Nice soup. I too took heed of the advice from previous tasters and softened the onions in some oil along with a diced garlic glove and some cumin seeds. I also added four tablespoons of lentils rather than two and an extra half tin of chopped tomatoes that I had leftover from another dish. I didn't have fresh coriander so used dried coriander leaves, however I absolutely love fresh coriander so know it'd taste even better with this!

zedkay's picture
5

For such a simple recipe, this soup is absolutely delicious! I doubled the lentils and used passata rather than chopped tomatoes, didn't bother with the coriander, but did add yogurt. Set to become a favourite.

brandy1912's picture

Yep, definately soften the onions in olive oil before adding the garam masala AND coriander. I used Schwartz chilli paste instead of flakes and tinned lentils - drained and rinsed- Superb with warm naan bread!

rebeccaord's picture
5

This is a great soup and full of flavour.
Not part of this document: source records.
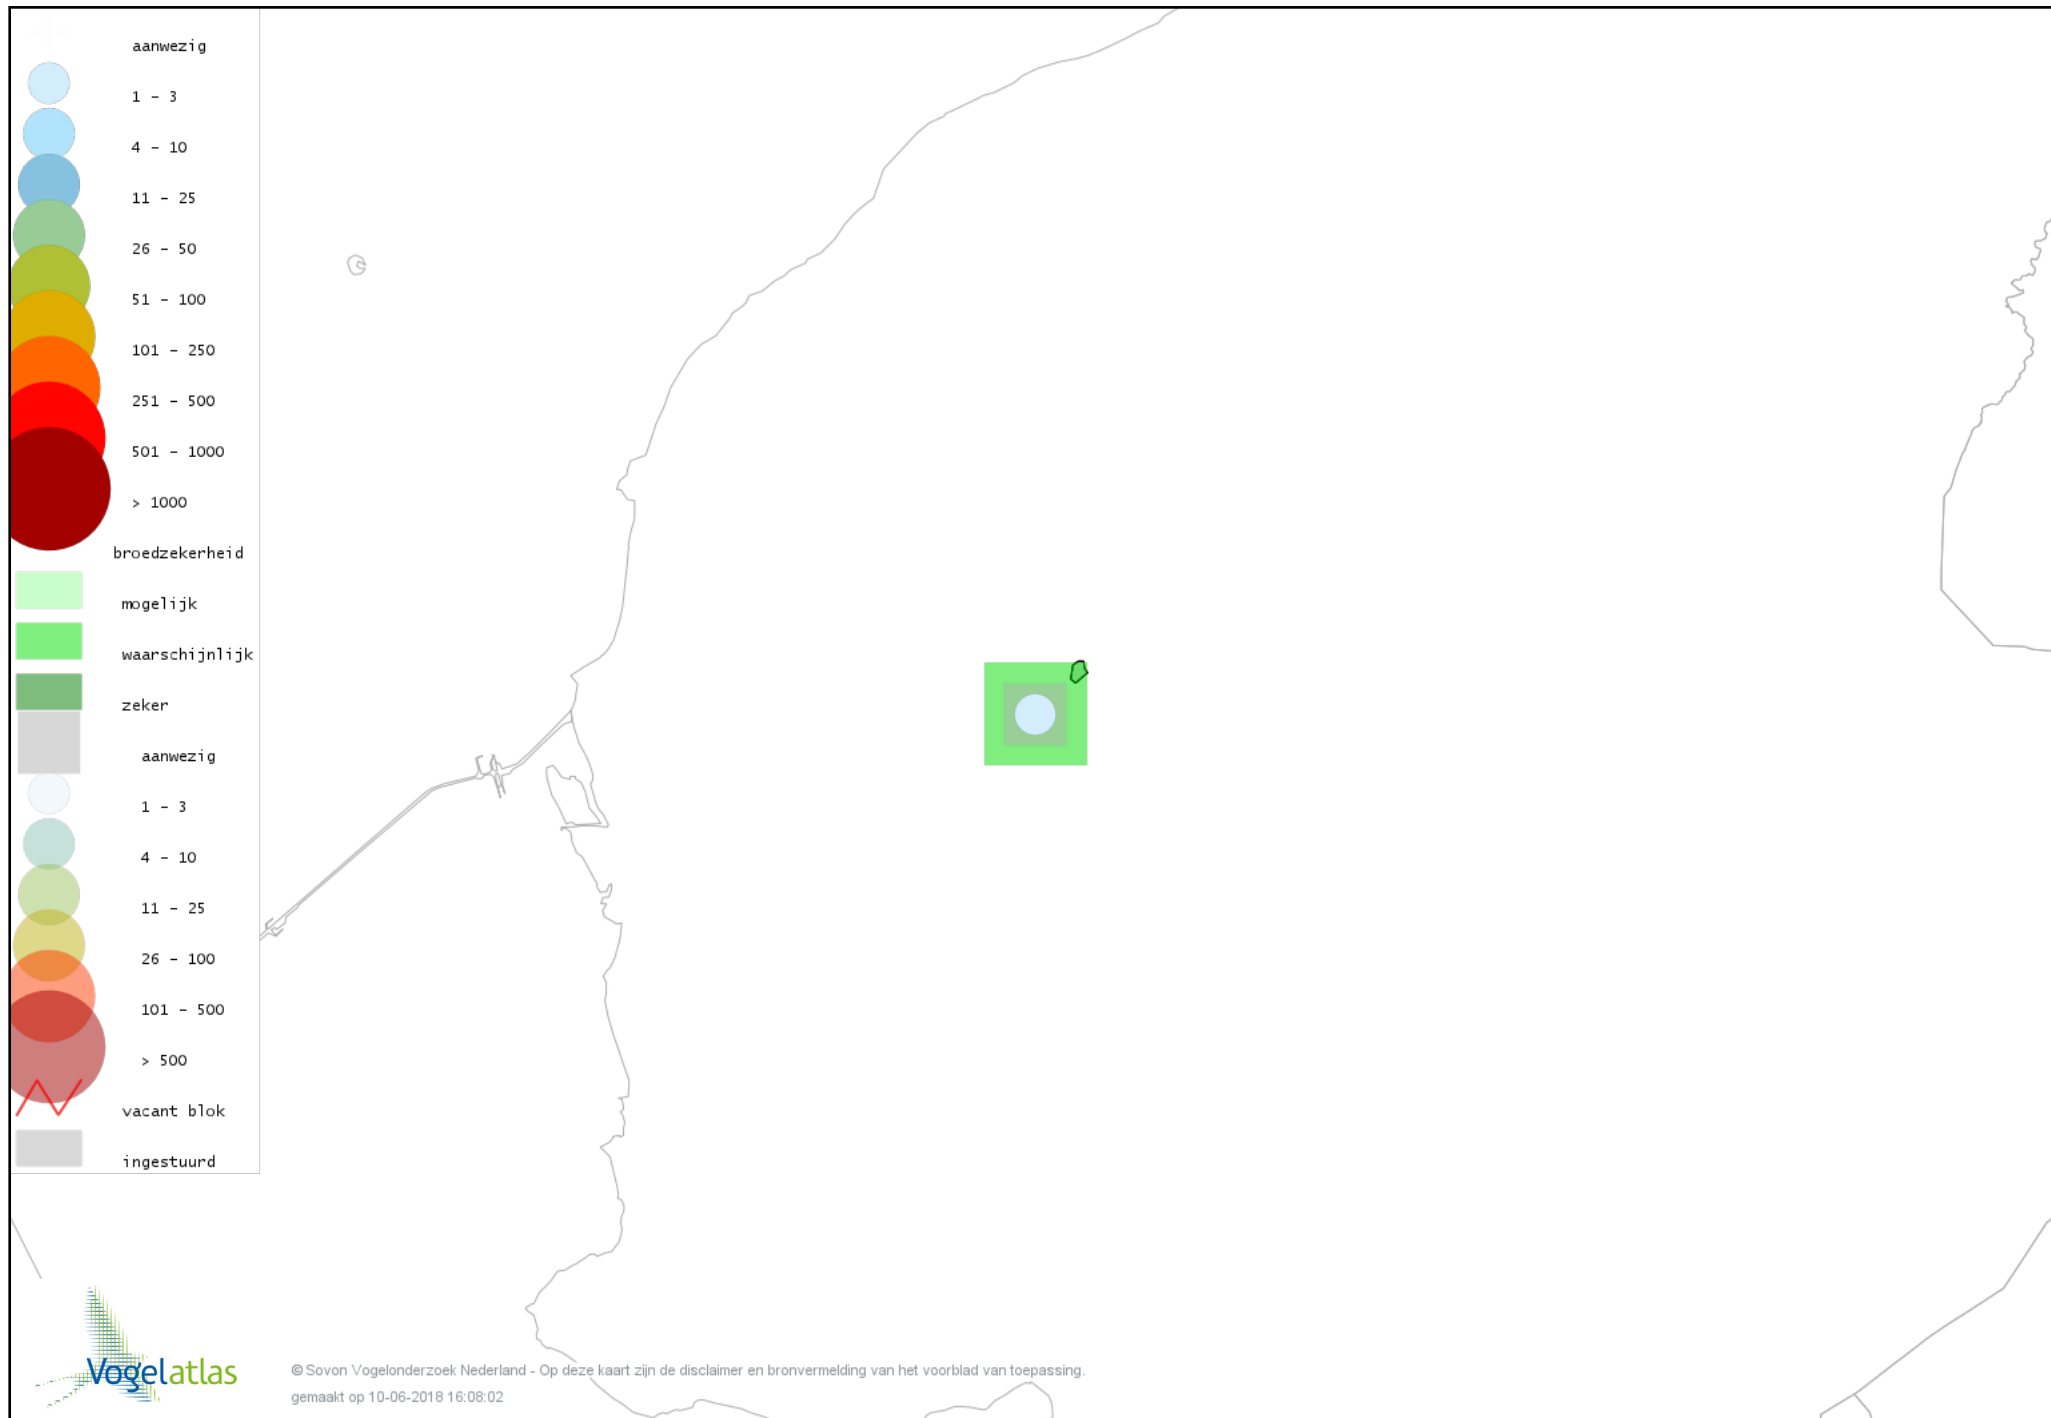

Voorlopige verspreidingskaart Kleine Karekiet broedseizoen

Voorlopige verspreidingskaart Rietzanger broedseizoen

Voorlopige verspreidingskaart Winterkoning broedseizoen

Voorlopige verspreidingskaart Spreeuw broedseizoen

Voorlopige verspreidingskaart Merel broedseizoen

Voorlopige verspreidingskaart Zanglijster broedseizoen

Voorlopige verspreidingskaart Grauwe Vliegenvanger broedseizoen

Voorlopige verspreidingskaart Roodborst broedseizoen

I added a lot more lentils as 2 tbsp didn't really seem like enough to me. It's a great spin on a classic and I will definitely be making it again!

aprodolgok's picture
5

I tried this yesterday and it was delicious! I used half of a bigger red onion, less stock and left ca. one third of the soup unblended to make it a bit more chunky. Yogurt and fresh coriander definitely adds a lot to the taste. Will certainly do again! Maybe next time I will also try to soften the onion with the spices though.

amacdon6's picture
5

Really delicious soup, and very easy. I added garlic and doubled the amount of lentils. The coriander and yogurt aren't absolutely necessary, but make the soup even more delicious. Definitely a keeper.

darkstardani's picture

I love this recipe! To keep to the calories but make a more filling meal I added additional vegetables such as bell peppers and mushrooms. It makes a low calorie, guilt free evening curry!

gagandhillon's picture

I want to use fresh tomatoes. Do I need to do anything additional for using them? ANd how do you make vegetable stock?

cruicky's picture

Great tasting soup,
I have played about with the recipe to suit my own taste,
I have settled for adding 1 tsp Cummin seeds, 1 tsp fennel seeds, 1/2 tsp cinnamon and 1/2 tsp turmeric,
If you want a more filling soup it tastes great with chicken pieces cooked in it...........Mmmmmmmmmmm

tamsal's picture
5

Delicious, easy and filling! I'd maybe add a bit more on the lentil front to make it a bit thicker.

efcarter99's picture

I would agree with Cockaleekie (double the lentils and dont skip the coriander). This recipe freezes really well and so it's well worth doubling up the quantities. It's a wonderful soup when you have a cold, cant face cooking and you find a portion or two in the freezer!! I've never used the yoghurt and havent missed it.

spagnold's picture

Absolutely delicious and perfect for when the only veg left in the fridge is the solitary onion!!

camillaromaine's picture
5

Doubled the lentils and didn't use the yoghurt, otherwise i followed the recipe and it's really lovely. Advise others not to skip the coriander as it gave the soup a lovely flavour. Will definitely make again.

pounouche's picture

Made this as an urgent, out-of-time dish for the kids' (and my)dinner...well worth trying! I love it without yoghurt and the kids love it with. So quick and easy, you could skip on the chilli if your kids aren't keen. Thankfully, mine are! Give it a go!

rosiejames's picture

Just made this for lunch and it is DELICIOUS. Definitely go with a spoonful of natural yoghurt with it as it complements the spices in the soup very well. I added a pinch of cayenne pepper and seasoned with some salt and black pepper too. Spice and lentil quantities were perfect for two ample sized portions. I will without doubt make this again and again! Yum.

desbralass's picture
5

I use double the ingredients..there's never enough! I keep it for lunch through the week,and it gets better as it matures.

jenstarkey's picture
5

Great recipe! I changed it quite a bit so thought it was worth sharing --

sauteed the onion in olive oil spray for 10 mins to soften, and added 1 tsp chopped garlic and 1/4 tsp minced ginger.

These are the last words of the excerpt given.